DIRECTIONS
An exact copy of the entries below is required, with all pictures removed.

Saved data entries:
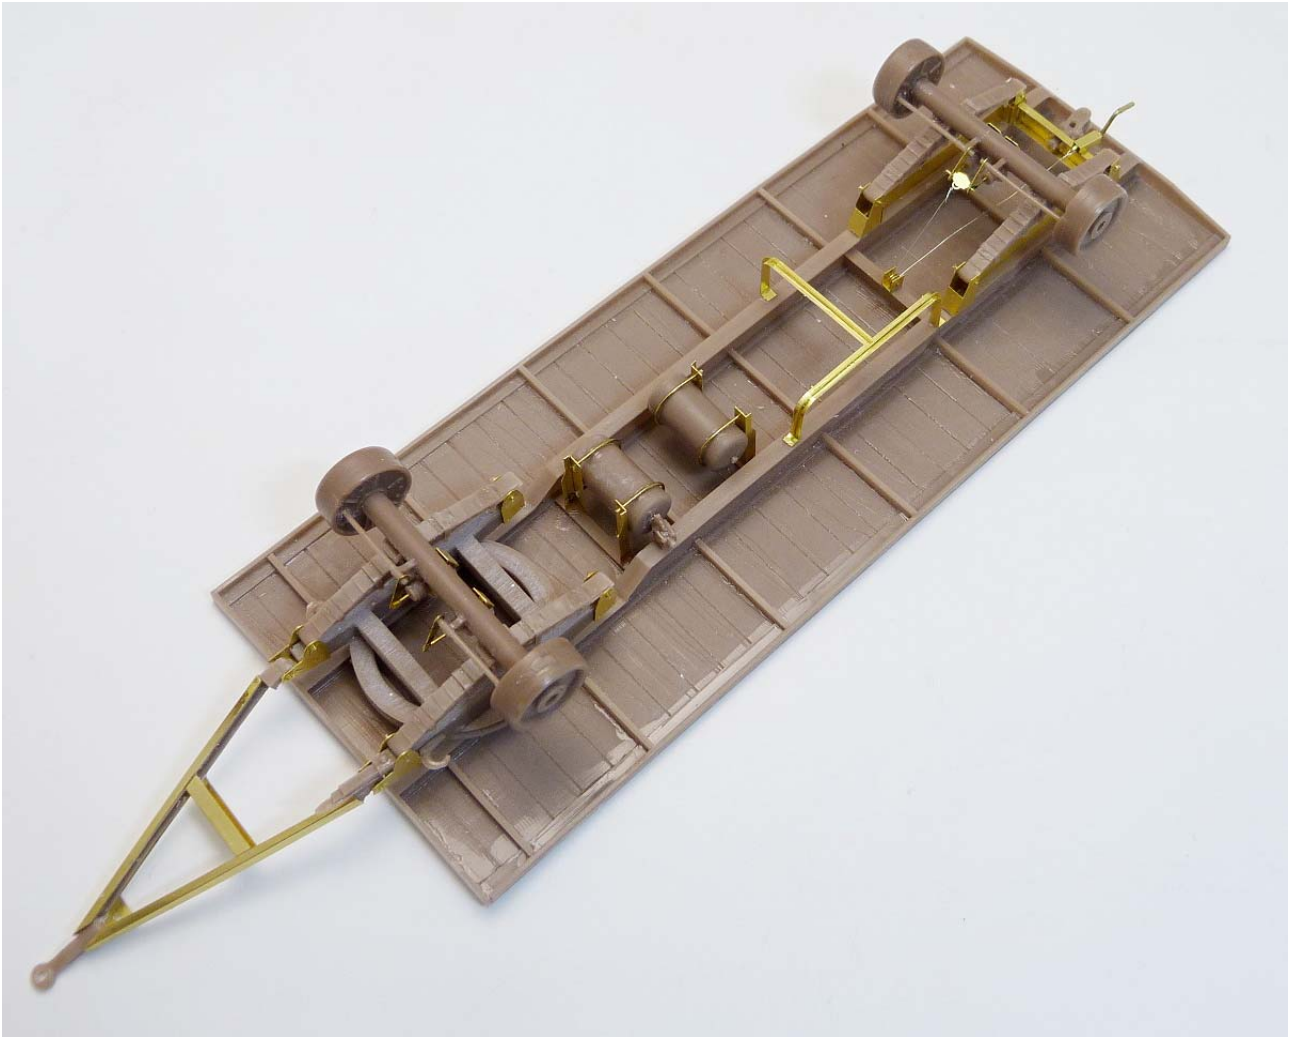

MMK Folknáře 70 40501 Děčín www.mmk.cz mk.model@volny.cz

F 3091 A 10 V

- PUR parts
- photoetched parts
- not included parts

Ⓑ

Pravá přední bočnice/levá zadní bočnice

Front right side panel / rear left side panel

Pravá zadní bočnice/levá přední bočnice

Right rear side panel/left front side panel
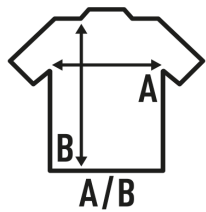

SHIRT LADY SS OXFORD

Camisa manga corta. Ligeramente entallada.

60% Algodón - 40% Poliéster

Caja/Box 25

Paquete/Pack 1

TALLAS/Size

EU	S	M	L	XL	XXL
Ancho	47 cm	49 cm	51 cm	53 cm	55 cm
Largo	61 cm	62 cm	63 cm	64 cm	65 cm
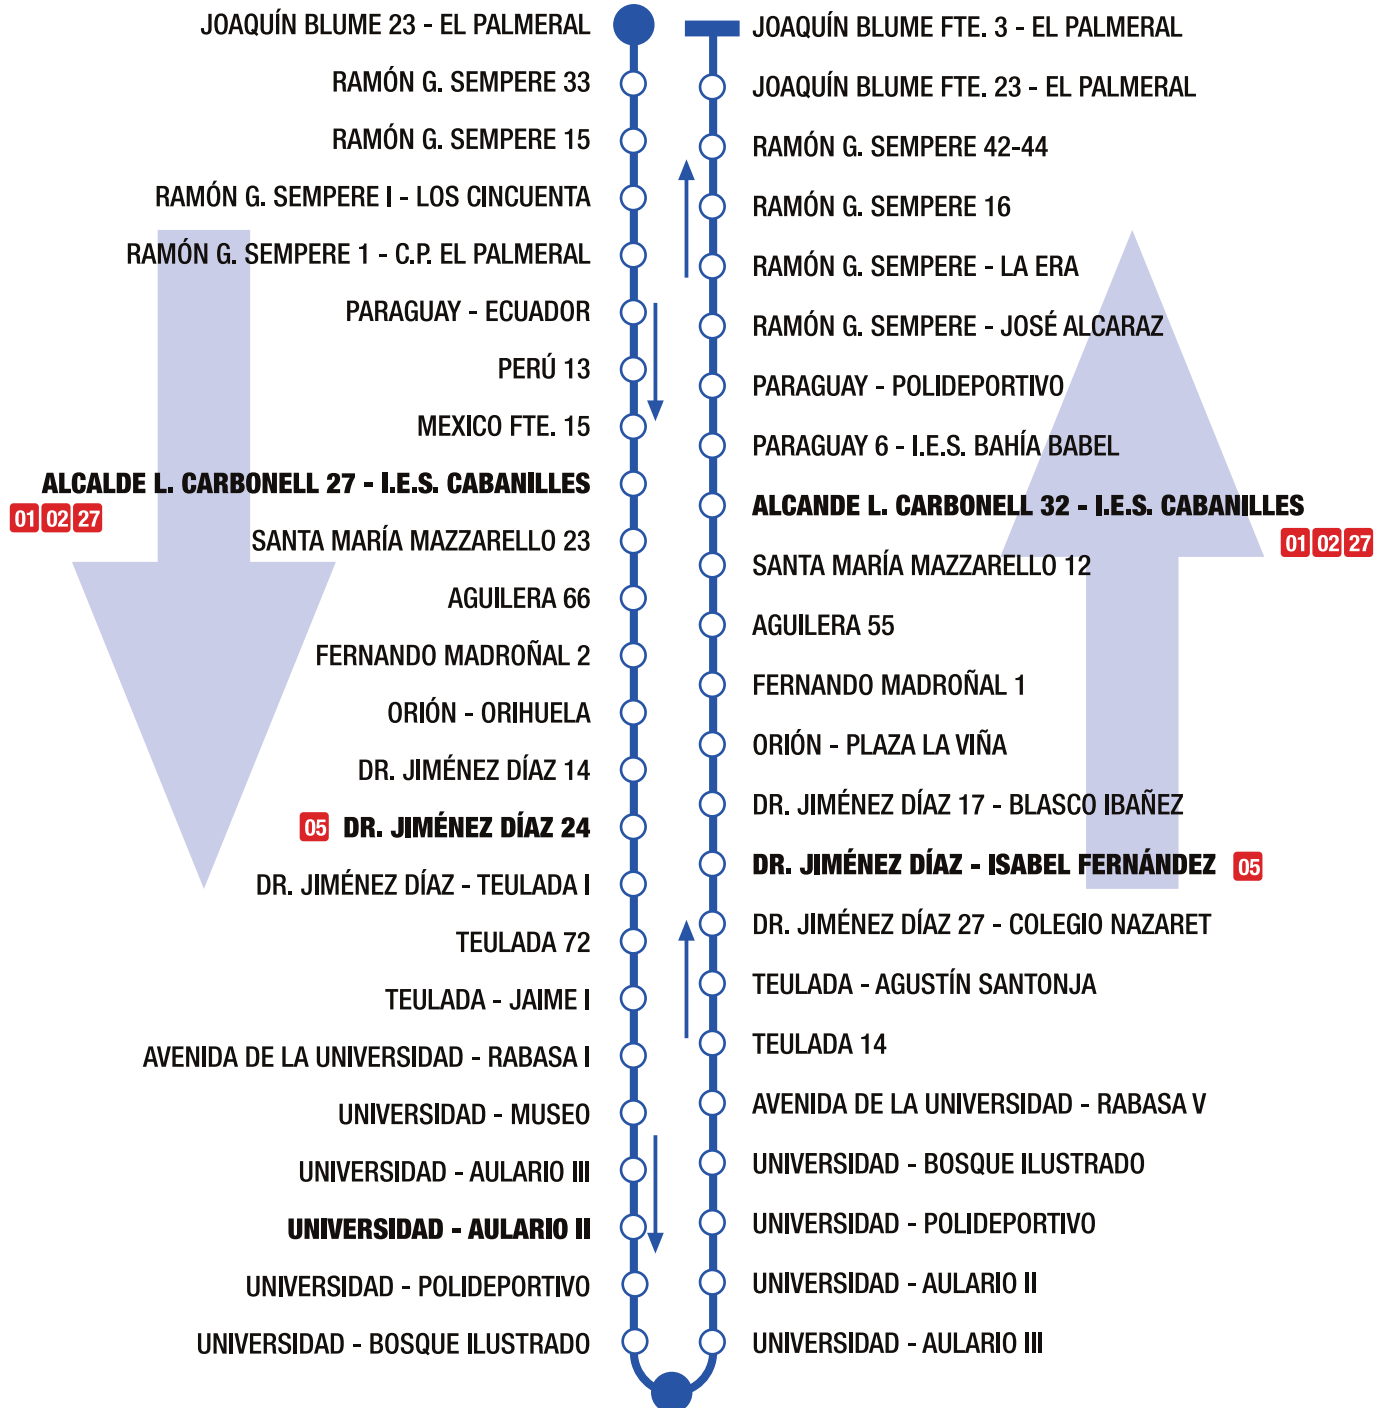

36

SAN GABRIEL UNIVERSIDAD

JOAQUÍN BLUME - EL PALMERAL

UNIVERSIDAD-MUSEO

■ ■ Parada de transbordo con otras líneas

● USTED SE ENCUENTRA AQUÍ

HORARIOS

SALIDAS DESDE
J. BLUME

SALIDAS DESDE
UNIVERSIDAD - MUSEO

07:00 h. - 08:00 h. - 09:00 h.
14:10 h. - 15:20 h. - 16:20 h.

13:10 h. - 14:10 h. - 15:05 h.
20:10 h. - 21:10 h.

INVERNO

LUNES A
VIERNES

TRANSPORTE ALICANTE METROPOLITANO

www.alicante.vectalia.es - 965 14 09 36 - 965 12 37 44 Síguenos en Facebook:
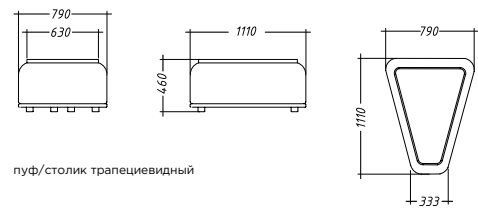

пуф/столик трапециевидный
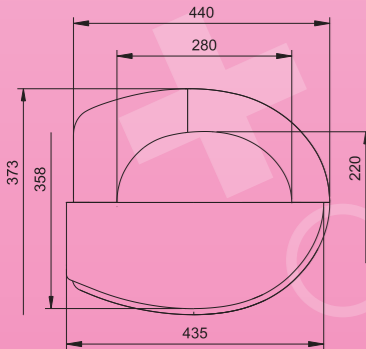

Decor shower cabins

Decor tempered glass: 6 mm
Aluminium frame
Height: 185 cm

KORALLE

1170803	1/4 round	80X80
1170802	1/4 round	90X90
1170805	corner	80X80
1170804	corner	90X90

SEAWORLD

1170607	1/4 round	80X80
1170606	1/4 round	90X90
1170609	corner	80X80
1170608	corner	90X90

kg
2,50

OLDIE
1146121

kg
3,25

STAIRWAYS
1145848

kg
2,60

BAYWATCH, FLIPPO,
DOLPHIN, OPTIMIST

AMBIENTA

OLDIE, SPEEDY
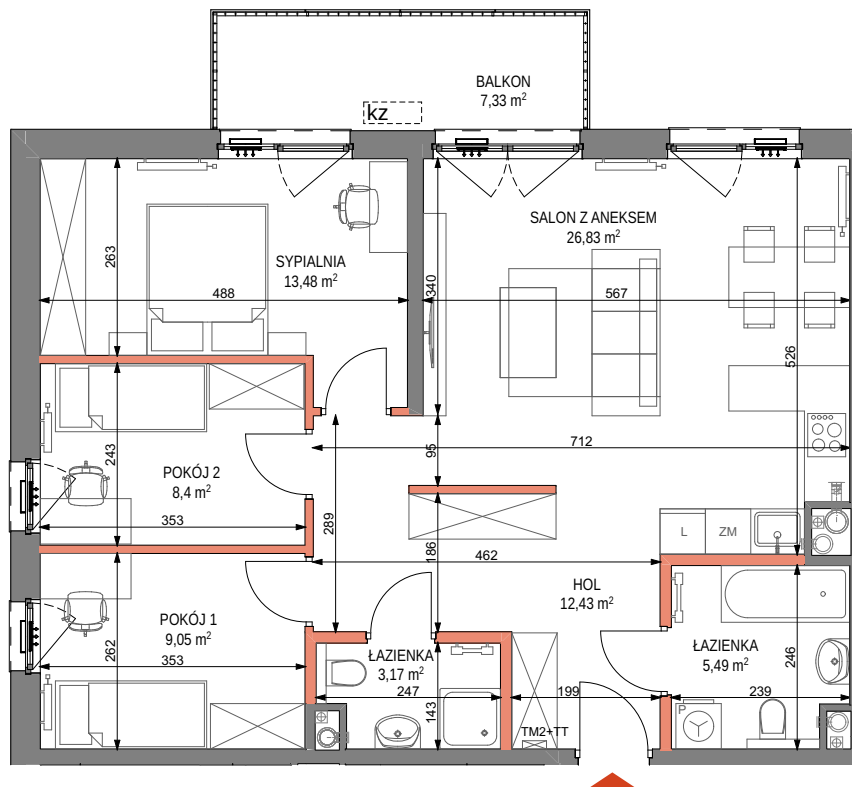

CRAFT

ZABŁOCIE

by **CORDIA**

mieszkanie nr M.74
piętro 4
liczba pokoi 4

ZESTAWIENIE POWIERZCHNI

HOL	12,43 m ²
ŁAZIENKA	3,17 m ²
POKÓJ 1	9,05 m ²
POKÓJ 2	8,40 m ²
SYPIALNIA	13,48 m ²
SALON Z ANEKSEM	26,83 m ²
ŁAZIENKA	5,49 m ²
POW. UŻYTKOWA	78,85 m²
BALKON	7,33 m ²

LEGENDA

- ściany niedemontowalne
- ściany możliwe do rearanżacji
- balustrada
- możliwa lokalizacja jednostki zewnętrznej klimatyzacji
- TM2+TT tablica mieszkaniowa elektryczna i teletechniczna
- nawiewnik okienny
- grzejnik łazienkowy
- grzejnik

PLAN SYTUACYJNY

POŁOŻENIE NA KONDYGNACJI
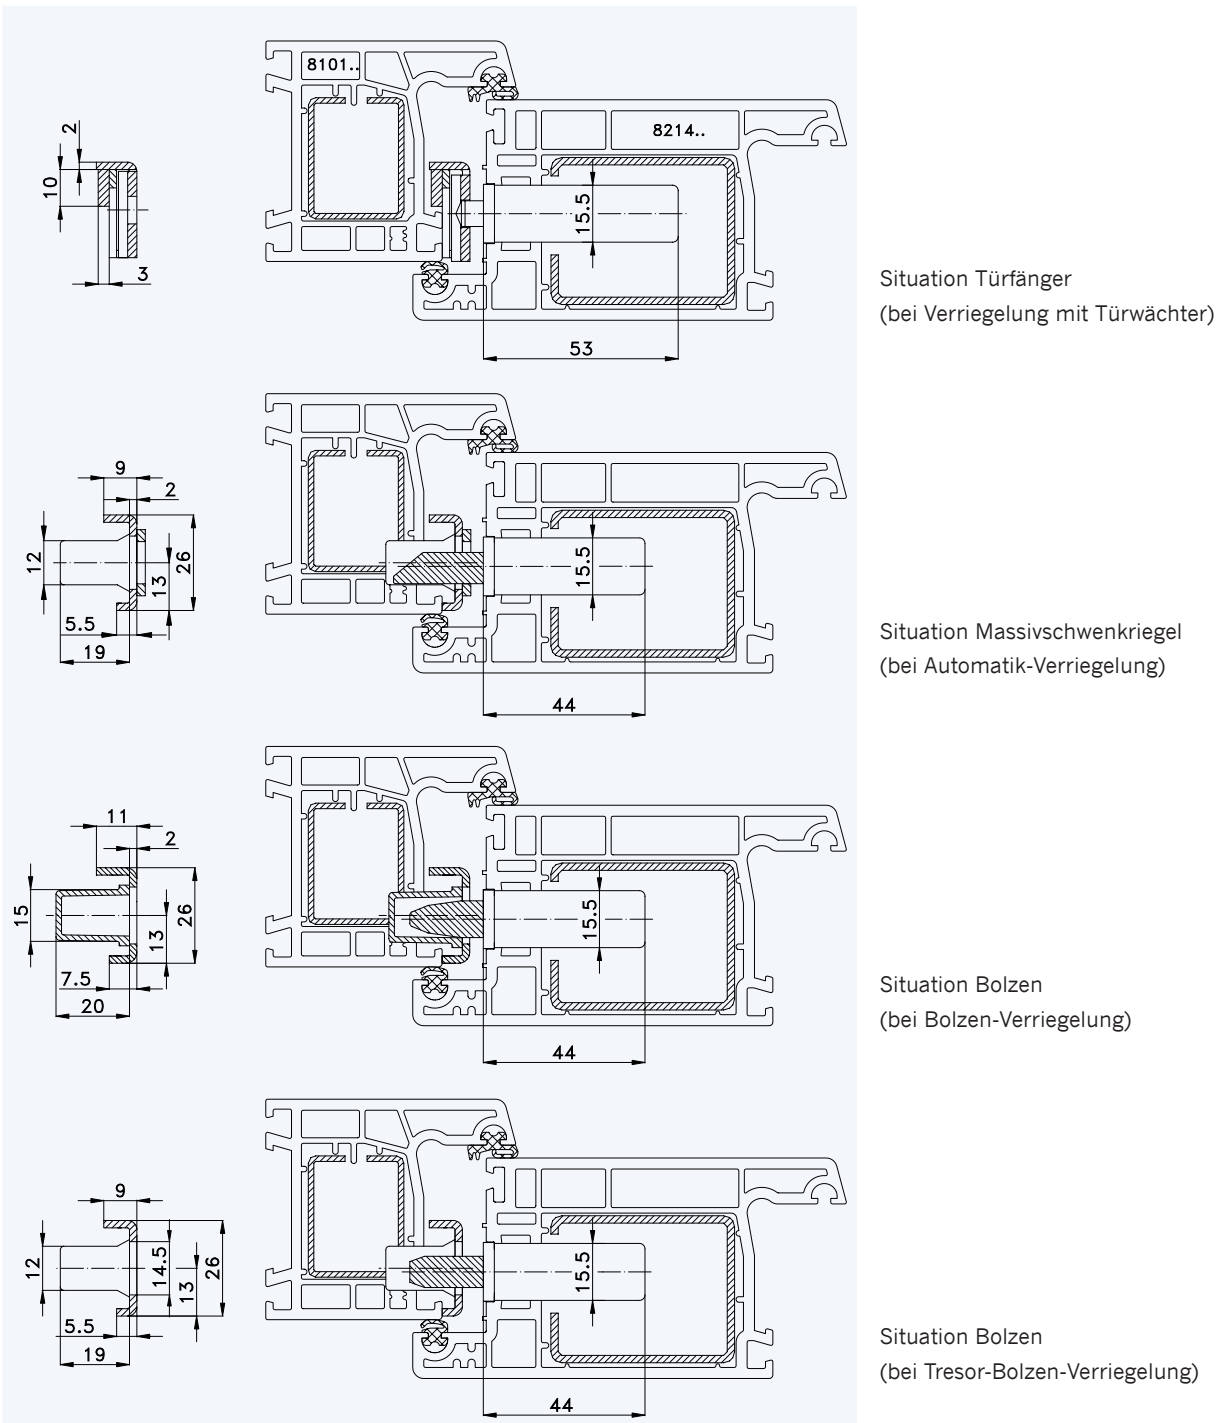

Profil „SCHÜCO Corona AS 60“ Rahmen 8101..; Flügel 8214..

Standard-Einbausituationen STV... F1660/40 92/... M...
 mit Massivschwenkriegeln und Rahmenteilern U26-311

Situation Massivschwenkriegel
 mit Verstellung

Situation
 Falle

Situation
 Riegel

Lage der Schließbleche oder
 Schließleiste (Nutlage: 13 mm)

1 Profil „SCHÜCO Corona AS 60“ 2 Rahmen 8101..; Flügel 8214..

3 Einbausituationen STV... F1660/40 92/... M... mit Massivschwenkriegeln und Rahmenteil U26-311

Situation Türfänger
(bei Verriegelung mit Türwächter)

Situation Massivschwenkriegel
(bei Automatik-Verriegelung)

Situation Bolzen
(bei Bolzen-Verriegelung)

Situation Bolzen
(bei Tresor-Bolzen-Verriegelung)

EXERCISE OUTPUT
MMK Folknáře 70 40501 Děčín www.mmk.cz mk.model@volny.cz

F 3091 A 10 V

- PUR parts
- photoetched parts
- not included parts

Ⓑ

Pravá přední bočnice/levá zadní bočnice

Front right side panel / rear left side panel

Pravá zadní bočnice/levá přední bočnice

Right rear side panel/left front side panel

SHIRT LADY SS OXFORD

Camisa manga corta. Ligeramente entallada.

60% Algodón - 40% Poliéster

Caja/Box 25

Paquete/Pack 1

TALLAS/Size

EU	S	M	L	XL	XXL
Ancho	47 cm	49 cm	51 cm	53 cm	55 cm
Largo	61 cm	62 cm	63 cm	64 cm	65 cm

36

SAN GABRIEL UNIVERSIDAD

JOAQUÍN BLUME - EL PALMERAL

UNIVERSIDAD-MUSEO

■ ■ Parada de transbordo con otras líneas

● USTED SE ENCUENTRA AQUÍ

HORARIOS

SALIDAS DESDE
J. BLUME

SALIDAS DESDE
UNIVERSIDAD - MUSEO

07:00 h. - 08:00 h. - 09:00 h.
14:10 h. - 15:20 h. - 16:20 h.

13:10 h. - 14:10 h. - 15:05 h.
20:10 h. - 21:10 h.

INVERNO

LUNES A
VIERNES

TRANSPORTE ALICANTE METROPOLITANO

www.alicante.vectalia.es - 965 14 09 36 - 965 12 37 44 Síguenos en Facebook:

пуф/столик трапециевидный

Decor shower cabins

Decor tempered glass: 6 mm
Aluminium frame
Height: 185 cm

KORALLE

1170803	1/4 round	80X80
1170802	1/4 round	90X90
1170805	corner	80X80
1170804	corner	90X90

SEAWORLD

1170607	1/4 round	80X80
1170606	1/4 round	90X90
1170609	corner	80X80
1170608	corner	90X90

kg
2,50

OLDIE
1146121

kg
3,25

STAIRWAYS
1145848

kg
2,60

BAYWATCH, FLIPPO,
DOLPHIN, OPTIMIST

AMBIENTA

OLDIE, SPEEDY

CRAFT

ZABŁOCIE

by **CORDIA**

mieszkanie nr M.74
piętro 4
liczba pokoi 4

ZESTAWIENIE POWIERZCHNI

HOL	12,43 m ²
ŁAZIENKA	3,17 m ²
POKÓJ 1	9,05 m ²
POKÓJ 2	8,40 m ²
SYPIALNIA	13,48 m ²
SALON Z ANEKSEM	26,83 m ²
ŁAZIENKA	5,49 m ²
POW. UŻYTKOWA	78,85 m²
BALKON	7,33 m ²

LEGENDA

- ściany niedemontowalne
- ściany możliwe do rearanżacji
- balustrada
- możliwa lokalizacja jednostki zewnętrznej klimatyzacji
- TM2+TT tablica mieszkaniowa elektryczna i teletechniczna
- nawiewnik okienny
- grzejnik łazienkowy
- grzejnik

PLAN SYTUACYJNY

POŁOŻENIE NA KONDYGNACJI

Profil „SCHÜCO Corona AS 60“ Rahmen 8101..; Flügel 8214..

Standard-Einbausituationen STV... F1660/40 92/... M...
 mit Massivschwenkriegeln und Rahmenteilern U26-311

Situation Massivschwenkriegel
 mit Verstellung

Situation
 Falle

Situation
 Riegel

Lage der Schließbleche oder
 Schließleiste (Nutlage: 13 mm)

1 Profil „SCHÜCO Corona AS 60“ 2 Rahmen 8101..; Flügel 8214..

3 Einbausituationen STV... F1660/40 92/... M... mit Massivschwenkriegeln und Rahmenteil U26-311

Situation Türfänger
(bei Verriegelung mit Türwächter)

Situation Massivschwenkriegel
(bei Automatik-Verriegelung)

Situation Bolzen
(bei Bolzen-Verriegelung)

Situation Bolzen
(bei Tresor-Bolzen-Verriegelung)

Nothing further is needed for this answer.